The coronavirus crisis that could not be made use of…Medical issue
Government response to the corona crisis
When the COVID-19 infection spread, the government requested all medical institutions to accept patients without dividing them into levels (capacity to treat to unknown infectious diseases).
To do this, they even went so far as to offer subsidies of nearly 10 million yen per one bed if they were prepared to accept hospitalization.
However, forcing many medical institutions to accept patients means dispersing the source of infection, and increasing the risk of spreading the infection.
In such cases, I think the basic approach would be to prepare a base hospital that specializes in treating COVID-19 patients and gather patients there to prevent the spread of infection, but the government’s measures are the exact opposite.
Respond with an understanding of the differences in management between private and national hospitals
Private hospitals do not provide medical care as a charity, but conduct the business of medical care with the aim of making a certain amount of profit.
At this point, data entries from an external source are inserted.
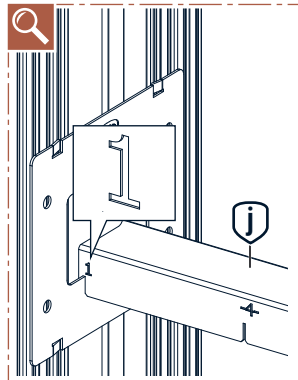

# Alle Bauteile im Überblick

<b>CW75 Profil (Auslieferungszustand)</b> » Montage ab Seite 6	<b>CW100 Profil (Umrüstbar)</b> » Montage ab Seite 10
Einfach beplankt 	Einfach beplankt <p style="text-align: center;">Nicht möglich</p>
Doppelt beplankt 	Doppelt beplankt 

1.

**TIPP**

Eine liegende Vormontage erleichtert den Aufbau.

2.

3.

4.

5.

6.

**i** Bei Sonderbreiten oder Glasschiebetüren Bauteil „j“ von unten an das Winkelblech schrauben!

» Weiter mit Schritt 7 auf Seite 14

1.

**TIPP**

Eine liegende Vormontage erleichtert den Aufbau.

2.

3.

4.

5.

6.

**i** Bei Sonderbreiten oder Glasschiebetüren Bauteil „j“ von unten an das Winkelblech schrauben!

7.

**! Anschlagprofil von der Rückseite verschrauben!**

**Empfehlung:**  
Wandöffnung nach DIN 18183-1
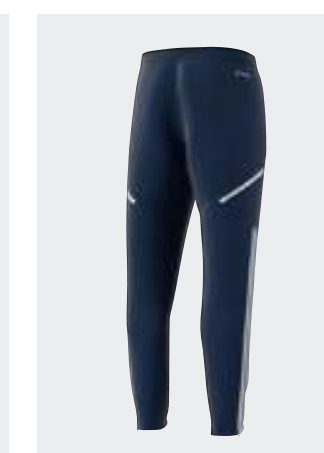

ДОСТУПНЫЕ РАЗМЕРЫ

XS	S	M	MT	L	LT	XL	XLT	2XL	2XLT	3XL

H21288
black/white

HA6240
tenabl/white

Lifestyle

Therefore, they often do not have the expensive system in place to respond to unknown infectious diseases, and even if they do, the costs put a strain on management.
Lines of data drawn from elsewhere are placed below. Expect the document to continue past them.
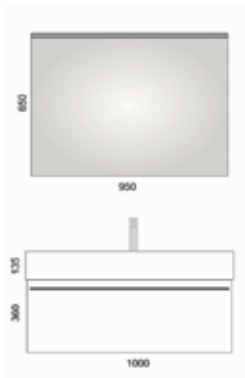

Colori - colours - Farben - couleurs			
○	Bianco l.	Legno	Colore
○	White glossy	Wood	Colour
○	Weiss hochglanz	Holz	Farben
○	Blanc brillant	Bois	Couleurs

	PROFILO CROMO LED 11W - CM.95 CHROMPROFIL LED 11W - CM.95 CHROME PROFILE LED 11W - CM.95 PROFIL CHROME LED 11W - CM.95	Art. 09399		
	Specchiera 95x68x2 Mirror 95x68x2 Spiegel 95x68x2 Miroir 95x68x2	Art. 02295		
	Lavabo mineralmarmo 101x46x13,5 Cast marble countertop basin 101x46x13,5 Gussmarmor-Waschbecken 101x46x13,5 Vasque en marbre moulée 81x46x13,5	Art. 13502		
	Base porta lavabo 1/cassetto 99x45x36 Base unit for countertop washbasin 1/drawer 99x45x36 Waschtisch-Unterschrank 1/Schublade 99x45x36 Caisson 1/tiroir 99x45x36	Art. 13483		Art. 13484
Totale Total Gesamtbetrag Total		Art. 13477		Art. 13478

On the other hand, in the case of national and public hospitals, management deficits are covered by taxes, so by preparing a system to respond to unknown infectious diseases, hospitals will not go bankrupt even if they are in the red.
In other words, if public hospitals cannot treat special diseases that private hospitals cannot treat due to financial issues, there is no meaning to pouring tax money into public hospitals.
Given this background, in the event of an unknown infectious disease like this one, wouldn’t it have been better to create base hospitals among public hospitals, gather specialists there to provide intensive treatment, and refer only patients with complex conditions that cannot be treated there to advanced medical institutions such as university hospitals?
In that way, medical institutions other than the base hospitals could focus on treating patients who are not infected with COVID-19.
Since all staff at public hospitals, including doctors, are civil servants, it should not be difficult for the national and local governments to organize such a system at their discretion, and tax should be used for that aim.
Regarding the government’s response after the crisis has passed
In the end, the coronavirus weakened before any fundamental measures could be taken, and restrictions on COVID-19 were lifted in May 2023.
With the lifting of coronavirus restrictions, the Ministry of Health, Labor and Welfare sent a notice to each medical institution stating that “refusing to treat patients because they are coronavirus patients is a violation of the obligation to respond,” and essentially forced all medical institutions to treat coronavirus patients regardless of their capabilities.
The lifting of coronavirus restrictions does not mean that coronavirus will suddenly disappear.
In medical institutions that are not prepared to prevent infection, many medical staff are at high risk of contracting coronavirus, and if that happens, there will be no medical staff to treat illnesses other than coronavirus.
This pandemic was an opportunity to significantly change Japan’s medical system, such as the nature of public and private hospitals and the construction of a medical system that can flexibly respond to pandemics, but it is regrettable that we were not able to take advantage of this opportunity.
Even after coronavirus is gone, there is a possibility that new infectious diseases will emerge, and we need to build a medical system that can respond to them now.
We must not let coronavirus end with “we forget the pain once it’s over.”